Долго... В момент, когда её душа была больше не в силах выносить его задыхающиеся слова, когда предел её боли был превышен, - спасительная темнота накрыла её воспаленное сознание и она провалилась в больной полусон, лишенный покоя и не приносящий отдыха...
Она почувствовала его уход посреди своего бессознания. Она заставила себя вынырнуть на поверхность и в последний раз окунуться в его удивительный взгляд, долго и пристально рассматривающий её лицо. А потом его прозрачные глаза закрылись, чтобы никогда больше не открыться, и тогда ей стало всё равно, - был ли его прощальный взгляд реальностью или это была всего лишь спасительная иллюзия...
Тусклый и серый свет... Неужели это утро?.. Впрочем, неважно...
Нужно подняться... Почему тело будто набито камнями?.. Нужно развести огонь и принести воды... Кинуть в кипящую воду травы, облегчающие кашель... Зачем?.. И чей кашель... Она забыла... Но это неважно... Это просто нужно сделать, потому что так она делала всегда... Всегда?.. Неважно...
Она поднялась и на ослабевших ногах направилась к выходу. Придерживаясь рукой о стену, с глазами, застывшими в пространстве, шаг за шагом она добралась до двери. Непослушной рукой толкнула её и застыла на пороге, ослепленная открывшейся перед глазами картиной. Вокруг, насколько хватало взгляда, лежал ослепительно-белый, искрящийся и обжигающе-холодный снег. Первый снег, за одну ночь сковавший лес. В дверь ворвался ледяной вихрь и, запутавшись в её одежде, перемешал длинные волосы со снегом. Тропинка перед домом утопала в снегу и тот же ветер с воем гнал снежную ленту по верху. Она теперь не сможет принести воды... Все замело... И колючая белая пыль слепит глаза... Она не сможет облегчить кашель... Она... Хотя... Зачем?.. Ведь он же ушел... Да, как же она могла забыть?.. Ведь он же ушел этой ночью... И теперь не нужно никакой воды... и никаких трав больше не нужно... Он. Ушел. Ночью.

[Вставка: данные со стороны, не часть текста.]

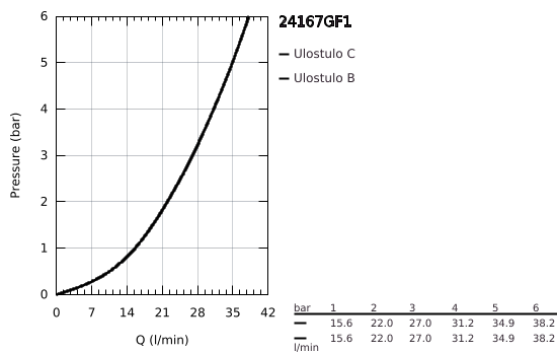

## 24 167 GF1 ESSENCE VIPUHANA KAKSISUUNTAISELLA 2 LÄHDÖLLÄ

### TUOTESELOSTE

- Colour: brushed crafted cool sunrise
- Setti lopullista asennusta varten GROHE Rapido SmartBox (35 600/35 604), vesivuotolaatikko tulee ostaa erikseen
- GROHE SilkMove 46 mm:n keraaminen säätöosa
- GROHE LongLife -viimeistely
- GROHE FastFixation seinälevy peitetyllä kiinnityksellä
- Metallilevy säädettävissä 6°
- crafted metal lever
- Automaattinen kaksisuuntainen vaihdin
- without roughing-in set 35 600/35 604 (please order separately)
- Virtaus: ulostulo B = 27 l/min, ulostulo C = 27 l/min

Она сделала шаг. Покачнулась от вновь налетевшего ветра. Он ушел навсегда... Успел ли до снега?.. Впрочем, неважно... Ему ли теперь бояться холода...
Еще шаг. Так странно...Зима как будто оживляет её чувства... И она вспоминает его глаза... Такие чистые... и красивые, как этот первый снег...
Следующий шаг провалился в рыхлый настил, но она удержала равновесие. И дорога как будто знакома... Белая... Холодная... Равнодушная... Дорога в зиму... его дорога... почему она идет по его дороге?.. в его ли зиму?.. встретит ли... и всё это так правильно...
Кажется, это был корень?.. То, обо что она споткнулась... Неважно... этот снег так приятен для кожи... он мягкий под щекой, и можно представить, что лежишь на подушке... а где-то рядом его губы... дотянись – и тебе станет жарко... но только... да, он ведь ушел ночью... и никогда больше... впрочем... да, да... уже всё равно...
Всё равно... Только ветер... Одеялом...
И его глаза...
Всё...
А вокруг ничего не изменилось. Просто наступила зима. И от осени не осталось и следа. Она ушла со снегом – тихо, своевременно, правильно... Время рассыпалось на кусочки и стерло все приметы... А когда закончилась буря, лес застыл белым безмолвием. И только иногда, прислушавшись, в заиндевевшем воздухе можно было уловить обрывки странных голосов, - бессвязного шепота, переплетающегося с заунывной песней-реквиемом... "элиэй..."
Ничего не изменилось. Просто показалось, что зима наступила навечно...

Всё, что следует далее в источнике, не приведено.